Judge rules on age-old question: who owns a cat?

Averil Gardiner's argument her family of felines did not belong to her and were actually wild was shot down in court yesterday when a judge offered to have them taken off her hands.

The Invercargill woman's lawyer, Simon Claver, said his client's view was the 27 ''wild'' cats at her Invercargill property belonged ultimately to the Crown.

''If they belong to the Crown, why not hand them over?'' Judge Michael Turner said, calling a five-minute adjournment so Mr Claver and Sarah McKenzie, appearing for the Crown, could discuss that.

When court resumed, Ms McKenzie said the Crown was happy to take the cats, but Mr Claver said Gardiner was not prepared to hand them over.

''Should she be charged with theft if she has cats which don't belong to her?'' Judge Turner asked.

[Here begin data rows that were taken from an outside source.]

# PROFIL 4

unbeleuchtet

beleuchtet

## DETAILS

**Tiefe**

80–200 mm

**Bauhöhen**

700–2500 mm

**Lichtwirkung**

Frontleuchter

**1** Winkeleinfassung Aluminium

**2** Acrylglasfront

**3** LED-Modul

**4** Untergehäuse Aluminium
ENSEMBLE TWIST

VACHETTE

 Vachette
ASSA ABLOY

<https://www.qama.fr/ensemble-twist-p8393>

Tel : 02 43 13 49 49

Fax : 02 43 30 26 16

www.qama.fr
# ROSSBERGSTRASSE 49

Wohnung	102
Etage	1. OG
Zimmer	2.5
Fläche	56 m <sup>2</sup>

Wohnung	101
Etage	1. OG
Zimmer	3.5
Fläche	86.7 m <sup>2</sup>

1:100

Further, he said, neither the Health Act nor the relevant bylaw made any distinction between wild and domesticated animals.

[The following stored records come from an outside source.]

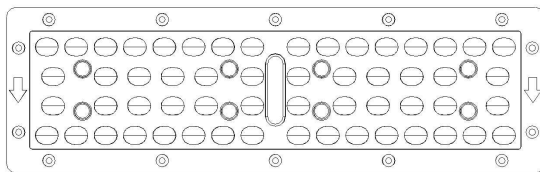

吊装孔位图

可配以下铝基板和透镜

56 颗 3030 铝基板和透镜 (120*60 度)

铝基板 8 并 7 串

56 颗 3030 铝基板和透镜 (90*60 度)

铝基板 8 并 7 串

56 颗 3030 铝基板和透镜 (70*30 度)

铝基板 8 并 7 串

56 颗 3030 铝基板和透镜 (圆形 60 度)

铝基板 8 并 7 串

56 颗 3030 铝基板和透镜 (圆形 90 度)

铝基板 8 并 7 串

56 颗 3030 铝基板和透镜 (圆形 30 度)

铝基板 8 并 7 串

56 颗 3030 铝基板和透镜 (140*80 度偏光 30 度)

铝基板 8 并 7 串

30 颗防流明铝基板和透镜 (140*80 度对称光)

铝基板 3 并 10 串

24 颗防流明铝基板和透镜 (140*80 度对称光)

铝基板 2 并 12 串

30 颗 CREE 铝基板和透镜 (140*80 度偏光 30 度)

铝基板 3 并 10 串

24 颗 CREE 铝基板和透镜 (140*80 度偏光 30 度)

铝基板 2 并 12 串

30 颗防流明铝基板和透镜 (140*80 度偏光 30 度)

铝基板 3 并 10 串

以上透镜客户没要求的话，都是配第一款透镜。如是偏光透镜，透镜正面有箭头，安装透镜时箭头朝向需要偏光的方向。

配件表

	散热器	2PCS
	盖板	2PCS
	两端铝盖	2PCS
	安装支架	2PCS
	电源安装支架	4PCS
	透镜加胶圈	10PCS
	铝基板	10PCS
	防水接线压铸件加胶圈	10PCS

	304 不锈钢平头自攻 4*14 (锁两端铝盖)	16PCS
	304 不锈钢圆头 M8*20 带平垫和弹垫 (锁两边支架)	4PCS
	304 不锈钢圆头 M4*10 (锁电源)	8PCS
	304 不锈钢螺母 M4 (锁电源)	8PCS
	304 不锈钢螺丝平头 M3*8 (锁防水压铸件)	20PCS
	304 不锈钢圆头自攻 3*4 (锁铝基板)	80PCS
	304 不锈钢圆头自攻 3*10 (锁透镜和电源固定支架)	148PCS
	包装纸箱 150CM*28CM*22CM	1PCS
	珍珠绵	1 套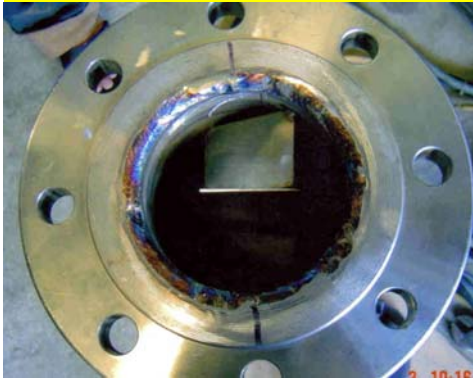

กลึง,ตัด,เจาะโลหะต่าง ๆ

- รับสร้าง-ซ่อมแซม เครื่องจักร ป้อนอุตสาหกรรม

Roper pump 4"

Air lock.

Daito pump 3"

Stainless Heater box

Case heater

งานเชื่อม stainless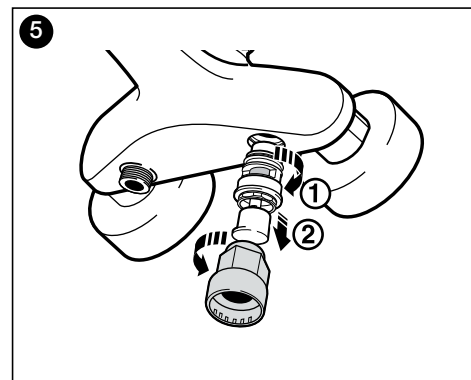

Baterie natryskowe oraz wannowo-natryskowe ściene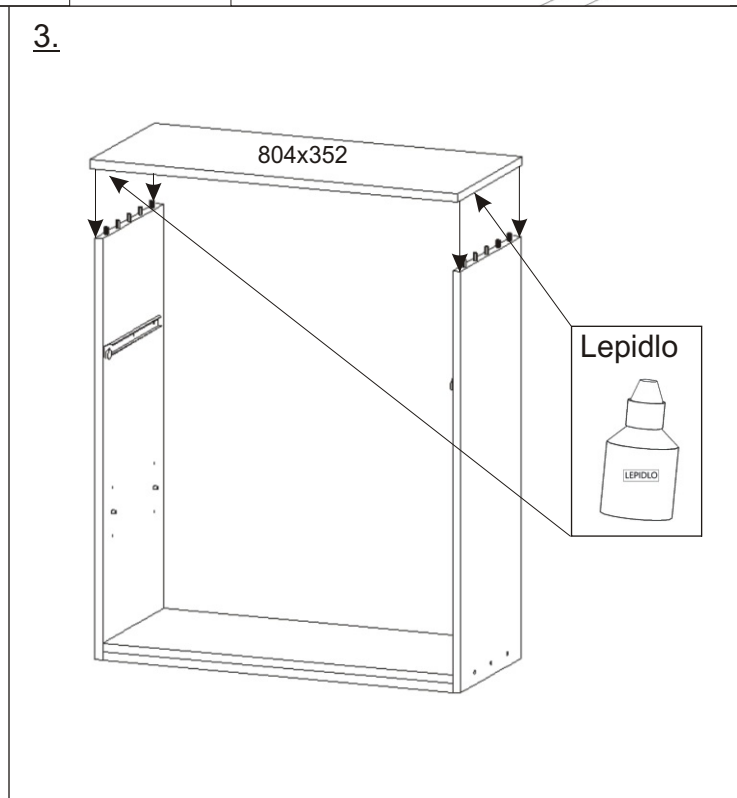

# ALFA 3

<b>Policové podpěrky</b> 4x	<b>Naložený pant</b> 4x	<b>Lepidlo</b> 1x	<b>Kolík</b> 34x	<b>Hřebík</b> 54x	<b>Konfirmát + krytky</b> 10x	<b>H lišta 846mm</b> 1x
<b>Úchytka</b> 4x	<b>Vrutky 4x30 podložka ø 6,3</b> 9x 3x	<b>Kluzáky</b> 6x	<b>Vrutky 3,5x16</b> 28x	<b>Pojezd 300mm</b> 1 pár

''Whether an animal is wild or not is irrelevant. If Ms Gardiner was keeping a hippopotamus in her backyard and it was causing a nuisance she could be charged under the Health Act.''

The charges Gardiner faced related to having 27 cats and not complying with an order to reduce the number to three, he said.

''What is her defence to that?''

At that, Mr Claver requested Judge Turner remove himself from the case because his client believed ''his attitude today shows he is biased against cats and her''.

Judge Turner said he was not prepared to do that and in a brisk, 45-minute hearing, dismissed Gardiner's application to have the charges thrown out.

Gardiner has pleaded not guilty to a charge under the Local Government Act that she breached an Invercargill City Council bylaw by keeping more than three cats on her North Invercargill property and failed to comply with a council notice to reduce the number to three.

She has also denied a charge under the Health Act, 1956, of creating a nuisance by allowing cats to remain on her property in a manner that was ''offensive or likely to be injurious to health''.

Judge Turner said ownership was not mentioned in either Act. Both talked about keeping animals, and Gardiner had already told the court she had 27 cats on her property.

Mr Claver said ownership might be the wrong word, and his client was saying she did not control the cats.

But Judge Turner rejected that too, saying Gardiner had, by her own admission, tended to the animals.In a letter to the council in 2012, Gardiner wrote about ''my family of cats'', ''calling our cats home'', ''confining them in the house to keep them safe until such time as media interest abates'', and ''feeding them a superior diet inside'', he said.

''Isn't that exercising some control over them?'' he asked.

''I can't argue against that,'' Mr Claver replied.

Mr Claver said if funding permitted - Gardiner is receiving legal aid - he planned to test the validity of the bylaw by seeking a judicial review in the High Court.

Judge Turner said Mr Claver was entitled to do that, but he had to deal with the case as it stood now and dismissed the application to withdraw the charges.

A date for Gardiner's trial has yet to be set.